- [EXERCISE AIM]: Check each line of the entries below for the word "handtag" and state only how many lines have it.
*** Opening PROVIDED DATA ***
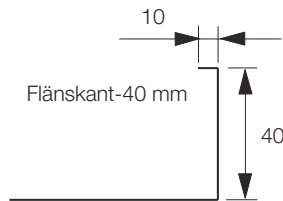

Påsfilter
Kompaktfiler

Lucksida = Höjdsida

Filterlåsning

Excenterlåsning för filter med 25 mm ramar.

Excenterlåsning

Excenterlås handtag

Skissen ovan visar innermått vid användning av ABC-EXL excenterlås.

Mätuttag

OBS: Det går att specialbeställa EXL med helt rakt handtag och då blir måttet mellan handtagen ca 560 mm.

Kanalanslutning

MÅTT

Storlek AstroDuct-KFS	Vikt kg exkl filter 750mm	Vikt kg exkl filter 550mm	Bredd	Höjd	Längd	Längd	Filtermodul ¼	Filtermodul ½	Filtermodul 1/1
300x300	19	14	300	300	550	750	1		
300x600	28	20	300	600	550	750		1	
600x300	26	19	600	300	550	750		1	
600x600	34	27	600	600	550	750			1
600x900	45	36	600	900	550	750		1	1
600x1200	54	42	600	1200	550	750			2
600x1500	65	51	600	1500	550	750		1	2
600x1800	73	58	600	1800	550	750			3
900x600	41	32	900	600	550	750		1	1
900x900	53	42	900	900	550	750	1	2	1
900x1200	61	49	900	1200	550	750		2	2
900x1500	74	60	900	1500	550	750	1	3	2
900x1800	83	66	900	1800	550	750		3	3
1200x600	47	37	1200	600	550	750			2
1200x900	61	49	1200	900	550	750		2	2
1200x1200	70	56	1200	1200	550	750			4
1200x1500	84	68	1200	1500	550	750		2	4
1200x1800	92	75	1200	1800	550	750			6
1500x600	53	42	1500	600	550	750		1	2
1500x900	69	56	1500	900	550	750	1	3	2
1500x1200	77	62	1500	1200	550	750		2	4
1500x1500	93	76	1500	1500	550	750	1	4	4
1500x1800	102	83	1500	1800	550	750		3	6
1800x600	60	47	1800	600	550	750			3
1800x900	77	36	1800	900	550	750		3	3
1800x1200	86	70	1800	1200	550	750			6
1800x1500	103	85	1800	1500	550	750		3	6
1800x1800	111	92	1800	1800	550	750			9
*** Closing PROVIDED DATA ***
- [EXERCISE SOLUTION]: 2